§ Available data
┌──
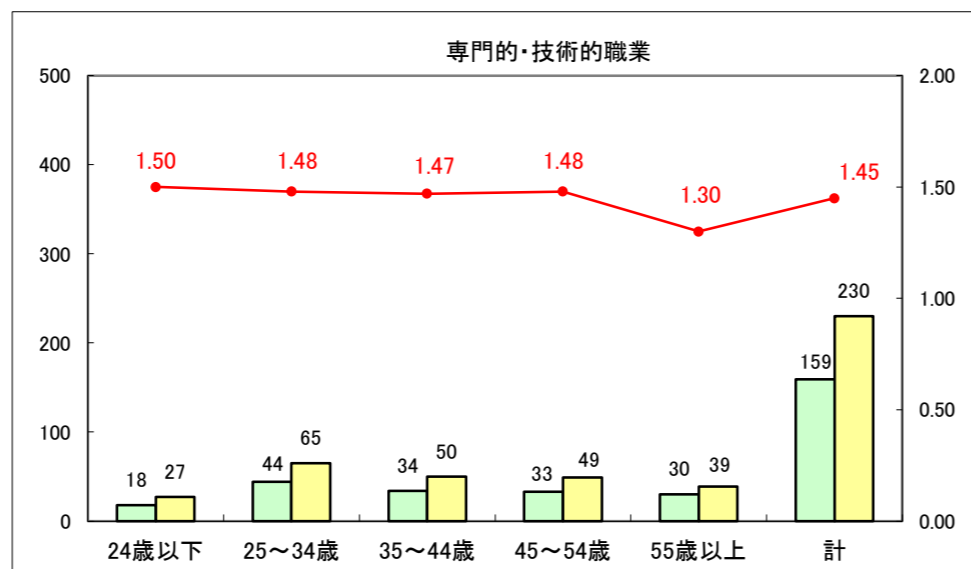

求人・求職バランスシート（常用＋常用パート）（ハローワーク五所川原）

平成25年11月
└──
┌──
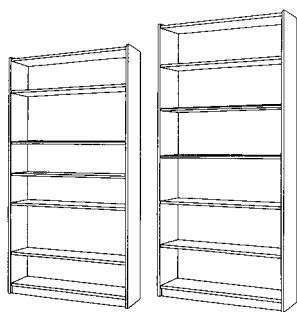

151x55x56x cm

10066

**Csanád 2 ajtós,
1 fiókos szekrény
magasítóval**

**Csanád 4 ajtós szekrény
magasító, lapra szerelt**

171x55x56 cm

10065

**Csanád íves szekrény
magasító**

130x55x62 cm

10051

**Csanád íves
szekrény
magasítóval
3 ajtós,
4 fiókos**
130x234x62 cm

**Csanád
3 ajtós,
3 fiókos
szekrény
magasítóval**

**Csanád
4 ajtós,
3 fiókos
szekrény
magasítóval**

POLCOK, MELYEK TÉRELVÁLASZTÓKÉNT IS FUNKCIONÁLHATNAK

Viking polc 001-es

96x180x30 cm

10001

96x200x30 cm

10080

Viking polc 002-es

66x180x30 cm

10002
└──
§ Task objective
Return all lines of the data in which the string "Viking" appears.

§ Final answer
Viking polc 001-es
Viking polc 002-es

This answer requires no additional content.